Hello Phil,Thank you very much for the review. No, the original problem consists in the fact that Xlib function "XSetErrorHandler" is not thread-safe, so calling it from different threads by setting one error handler and restoring the previous error handler leads to such not easily reproducible bugs like this and the already fixed 6678385, for example when the second thread restores error handler set by the first thread after the first thread left the code block potentially generating XError and already unset its error handler. The only solution to this problem is introduction of one critical section for all pairs of calls to "XSetErrorHandler" function through WITH_XERROR_HANDLER, RESTORE_XERROR_HANDLER macros in the code of JDK. Even this solution is not complete, because JDK's code cannot influence invoked by it code from the third-party libraries, which also sets or potentially sets own error handlers. The purpose of the fix for "6678385" bug was to guarantee that AWT code sets its global error handler once and for the whole life time of Java application and allows Java code to set "synthetic" or not real error handlers without invocation of "XSetErrorHandler" function. While the idea of this fix is to guarantee that there is no place in JDK other than "src/solaris/native/sun/xawt/XlibWrapper.c", where "XSetErrorHandler" function is called. So this fix substitutes real calls to that native function for setting of "synthetic" error handlers through "sun.awt.X11.XErrorHandlerUtil" class.

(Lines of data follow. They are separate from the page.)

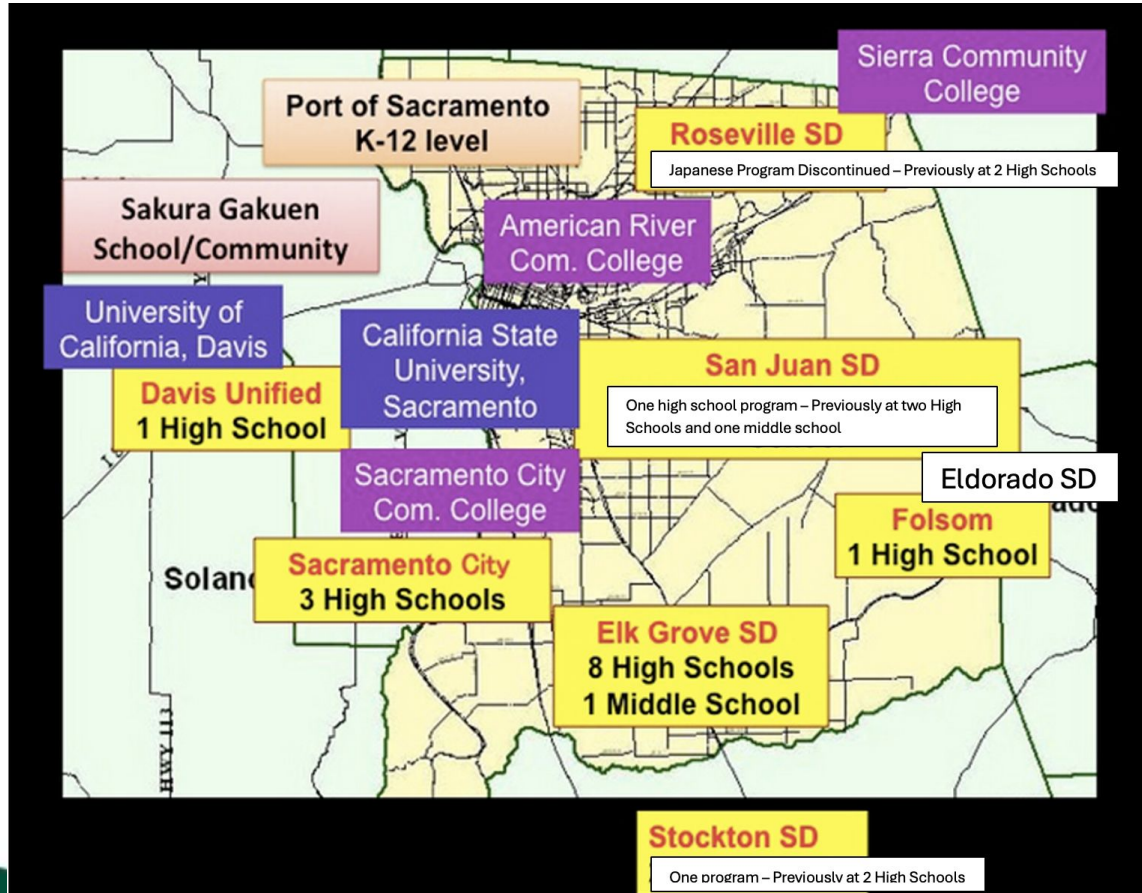

# Japanese Language Program at Sac State

Spring 2025

# Japanese Language Programs in the Greater Sacramento Area

- 17 High Schools/Middle Schools
- 3 Colleges and 2 Universities
- Port of Sacramento Japanese School
- Sakura Gakuen

Yes, this pattern follows a policy relying on the assumption that no other code has a "more important" need to have its X error handler installed, but with one correction which is "no other code in JDK". So this constraint is not applicable to a code of any third-party library, since it is impossible without collaboration between JDK and third parties on definition of common critical section. Unfortunately, I did not know about the opportunity of embedding Java application into another application.
I also do not know the point of saved_error_handler variable, it became unusable with the fix for the bug "6678385", but this seems to be a stable code which I just had to move from XToolkit class to XErrorHandlerUtil without any modification.
AWT_LOCK/AWT_UNLOCK code was added to guarantee that no other thread from JDK code both Java and native can set and unset synthetic error handlers simultaneously. This is the critical section, which I described in my first passage of this e-mail.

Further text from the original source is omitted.